Material for the task:
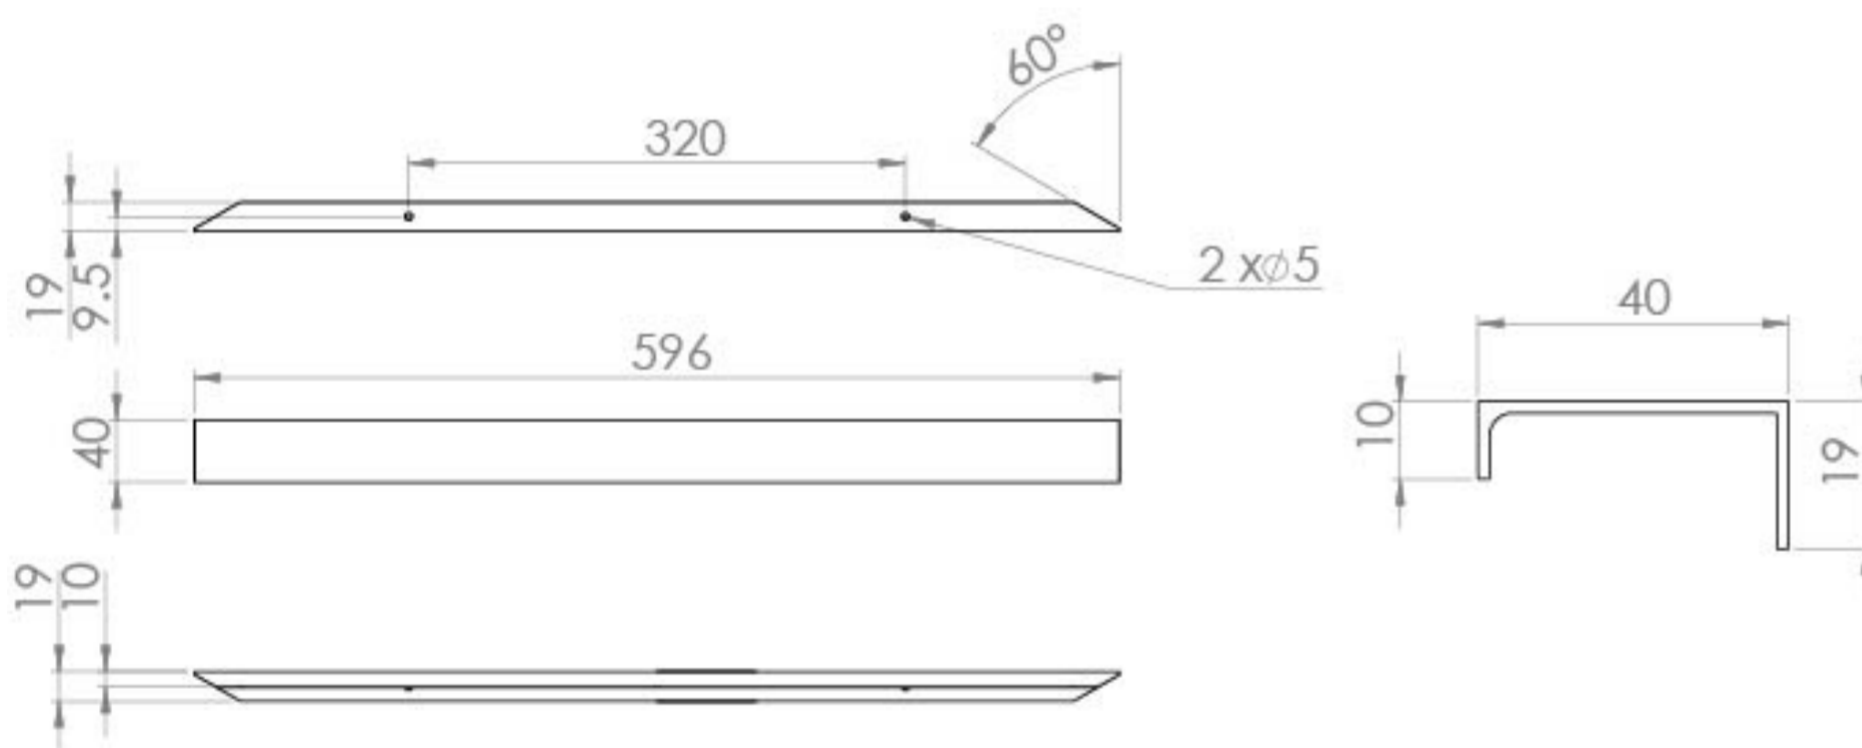

ZURICH 596MM HANDLE SET OF 2 - MATTE BLACK

PRODUCT INFORMATION

Finish:	Matte Black
Height:	19mm
Width:	596mm
Depth:	40mm
Material:	Aluminium

Product Code: HDL16.MB

DESCRIPTION

Many of our units now allow you to choose a handle and we have various style options you can go for.

This Zurichhandle set in matte black is specifically for our PRAGUE 60cm two drawer units that are available in gloss white and matte white.

TECHNICAL DRAWING

Saneux reserves the right to alter the specifications and product range without prior notice. Dimensions are given as a guide only. Dimensions should not be used for surrounding furniture, fixtures and fittings until the product is on site.

Exercise:
Show all lines above that contain "units".

Written response:
Many of our units now allow you to choose a handle and we have various style options you can go for.
This Zurichhandle set in matte black is specifically for our PRAGUE 60cm two drawer units that are available in gloss white and matte white.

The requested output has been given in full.